KUALA LUMPUR: Signs of financial distress in the country are getting more prevalent and clearer as the Covid-19 impact bites deeper into Malaysia’s economy, resulting in rising unemployment and shrinking incomes.

The Statistics Department’s May 2021 data showed that the jobless rate was at 4.5%, involving over 728,000 workers, although it dropped marginally from 4.6% in April 2021.

The economic impact has not been isolated, rather the damage is spreading to other sectors, including property despite the various relief measures and loan moratoriums.

The Household Income Estimates and Incidence of Poverty Report 2020 revealed that 20% of the middle 40 (M40) income group – those earning between RM4,850 and RM10,959 – has shifted down to the bottom 40 group due to the pandemic, while among those from the top 20 category, 12.8% has shifted down to the M40 group.

This means some property owners may have to offload properties to stay afloat.

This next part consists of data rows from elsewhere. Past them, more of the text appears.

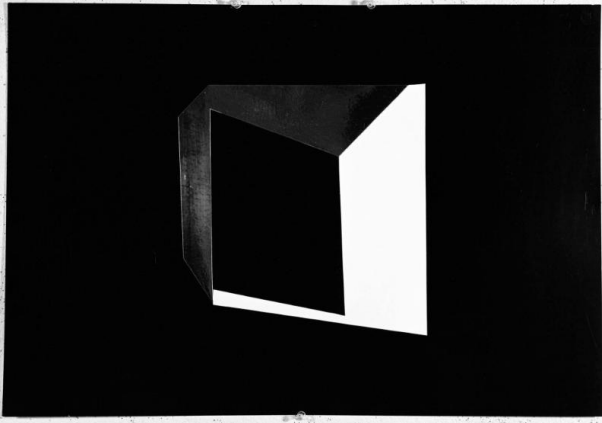

Basic Detail Report

19 1/4 x 27 7/8 in. (48.9 x 70.8 cm)

White and Silver Frame

Date

1968

Primary Maker

Beverly Pepper

Medium

collage

Dimensions

While the vaccination rate which is on track to achieve herd immunity by October 2021, the future remains unclear as to how fast the economy can recover from the damage.As of Aug 8, 2021, over 24 million doses of Covid-19 vaccines have been administered in Malaysia under the National Covid-19 Immunisation Programme or PICK.

By percentage, this means that 48.3% of the country’s population have received the first dose of the vaccine while 26.9% have completed the full two doses.

Christopher Tan, 47, is one of many property owners who have had to let go of their properties during the pandemic.

As global travel came to a halt, Tan, who resides in Singapore, lost his job as a pilot in June last year.

To sustain his livelihood with his wife and two children, he had to offload his apartment in Cyberjaya last August.

“It was a difficult decision to make but that was the fastest way to get some cash although it was at a loss. I bought that apartment for RM826,000, but sold it at only RM450,000,” he said.

At the end of 2020, the home loan rejection rate in Malaysia stood at 28%, according to data by Bank Negara.

Among the reasons was that borrowers were already highly indebted, and have a poor credit history with little residual income after taking into account monthly living expenditures and existing financial obligations.

According to the National Property Information Centre (Napic), in 2020, the overall property sector recorded 295,968 transactions worth RM119.08bil, which was a 9.9% year-on-year (y-o-y) decline in volume and a 15.8% drop in value compared with 2019.Meanwhile, a total of RM117bil is expected to be withdrawn from the Employees Provident Fund this year, largely through the i-Sinar and i-Citra programmes.

The fact is, even before the pandemic, the property sector was already facing the issues of oversupply and overhang and for the longest time, Malaysia has been known for its house prices being unaffordable compared with the average income level – a combination of factors that has knocked prices off a little.